Waczerciser is an experimental tool for opening, inspecting, editing, and re-packaging WARC and WACZ files.
You can install waczerciser directly from GitHub:
npm install -g harvard-lil/waczerciser
Or run it without installing using npx:
npx github:harvard-lil/waczerciser
waczerciser_demo.mp4
Waczerciser is primarily useful for debugging web archive files and understanding how they work.
Beyond this, the WACZ format has potential as an application container format, not just an archival format, for distributing sandboxed web applications as single files.
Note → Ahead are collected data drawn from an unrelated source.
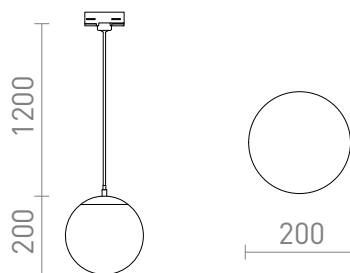

NEW

LUNA 20 3-VAIHEKISKOLLE

Opaalinvärinen lasiripus, jossa on läpinäkyvä kaapeli ja kromatut yksityiskohdat. Johto on kiinnitetty sovittimeen 3-vaihe kiskoja varten.

suositushinta EUR sis. alv

R13967

LUNA 20 3-vaihekiskolle opaalilasi/kromi 230V
LED E27 15W

129,00

3D model

manual

G13015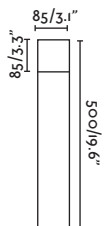

P.287
WALL

TARRACO

● 73261 grey/gris

E27 MAX 15W LED ⊗ [17463]

Body Die Cast Aluminium/Aluminio Inyectado
Diff Opal Polycarbonate/Policarbonato Opal

P.287
WALL

ROY

● 72351 dark grey/gris oscuro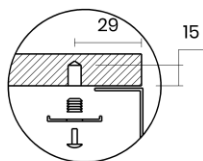

TASCA

CANOVA 65

Materiale	AISI 304 18/10
Material	
Spessore	1 mm regolare
Thickness	1 mm regular
Finitura	Satinplus
Finish	
Base	75 cm
Cabinet	
Dim. esterne	690x440 mm
Ext. dim.	
Dim. vasca	650x400 mm
Bowl dim.	
Raggio	12 mm
Radius	
Altezza	200 mm
Height	
Trooppieno	Integrato
Overflow	Integrated
Piletta	Ø 114 mm Inox satinata
Waste	Ø 114 mm satin s.steel
Sifone	incluso
Siphon	Included
Installazione	Tripla (sopra - filo - sotto)
Installation	Triple (top - flush - undermount)
Dim. imballo	75x50x25 cm
Packaging dim.	
Peso	9,5 kg
Weight	
Codice	CA65F
Code	

SCHEMI DI INCASSO / CUT-OUT SIZES

SOTTOTOP
Undermount

SOPRATOP
Topmount

valido per installazione FILOTOP e SOPRATOP /
valid for FLUSHMOUNT and TOPMOUNT installation

intaglio per troppopieno solo per top >20 mm
recess for housing the overflow only for top >20 mm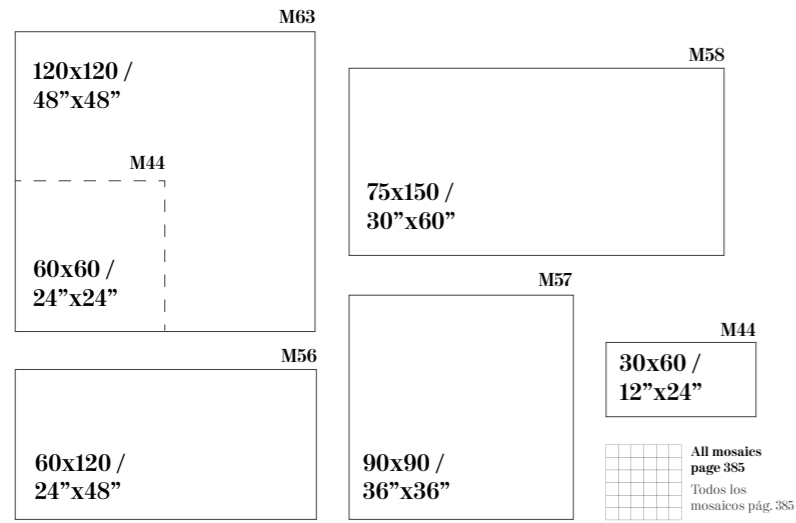

# LEYTE

POLISHED PORCELAIN

Sizes / Formatos

POLISHED RECTIFIED

Shade Variation / Variación Gráfica

Leyte Perla  
120x120 /  
48"x48"

PERLA

NOCE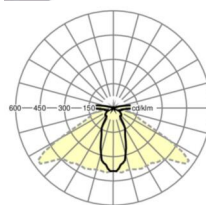

параметры

номер заказа	19070002005
код EAN	4020863420469
номер таможенного тарифа	94051190
Знак прохождения контроля	IP 20, класс защиты I, F, HACCP DIN10500/Food/IFS-пригодность для применения/BRC, Indoor, CE
Степень ударопрочности IK	IK03 (5°C bis 25°C)
Температура окружения	ta 5°C в 25°C
Гарантийный срок	5 лет

электротехника

Балласт	Электронный драйвер, дежурное освещение 3ч. (1 штука)
Мощность системы	4W
сетевое напряжение	230V/50Hz

Оптика

Оснастка	LED, цветопередача/оттенок света CRI ≥ 70 / 6000K
Допуск для координаты цветности (MacAdam)	7SDCM
Фотобиологическая безопасность (светильник)	RG2
Номинальный световой поток	197lm
Номинальный световой поток-при дежурном освещении	197lm
светоотдача светильников	49lm/W
Угол излучения	45° (C0) / 125° (C90)
UGR поп./вдоль	29.8 / 35.2

DEEP-LINK

<https://www.regiolum.de/ru/article/19070002005>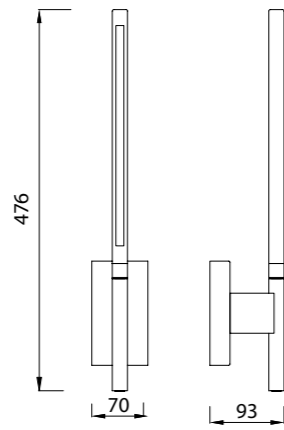

# TORCH

3000K

Aplique-Wall light

**6701 Negro Mate-Matt Black**  
LED 6W 410lm

**6700 Blanco Mate-Matt White**  
LED 6W 410lm

**360°**

Aluminio-Aluminium 220-240V~ 50/60Hz CRI: > 80

6703-6701

Waczerciser makes it much easier to write web apps as WACZ files and explore this potential use case.
The extract command will take a WARC or WACZ file and extract the contents to a directory.
$ waczerciser extract example.warc.gz my_dir
Successfully extracted example.warc.gz to my_dir
$ tree my_dir
├── example.warc
├── file:
│ ├── dom-snapshot.html
│ ├── pdf-snapshot.pdf
│ ├── provenance-summary.html
│ └── screenshot.png
└── http:
└── example.com
├── __index__.html
└── favicon.ico
Each Response record is extracted to a file based on the warcTargetURI
field. For example, the http://example.com
record is extracted to http:/example.com/__index__.html
. Note that in the case of a long URI, part of the URI is hashed to create a filename of 255 characters or fewer.
extract
also writes out a metadata file, example.warc
, which contains all non-Response records verbatim, and all Response records with their response data replaced by a file path.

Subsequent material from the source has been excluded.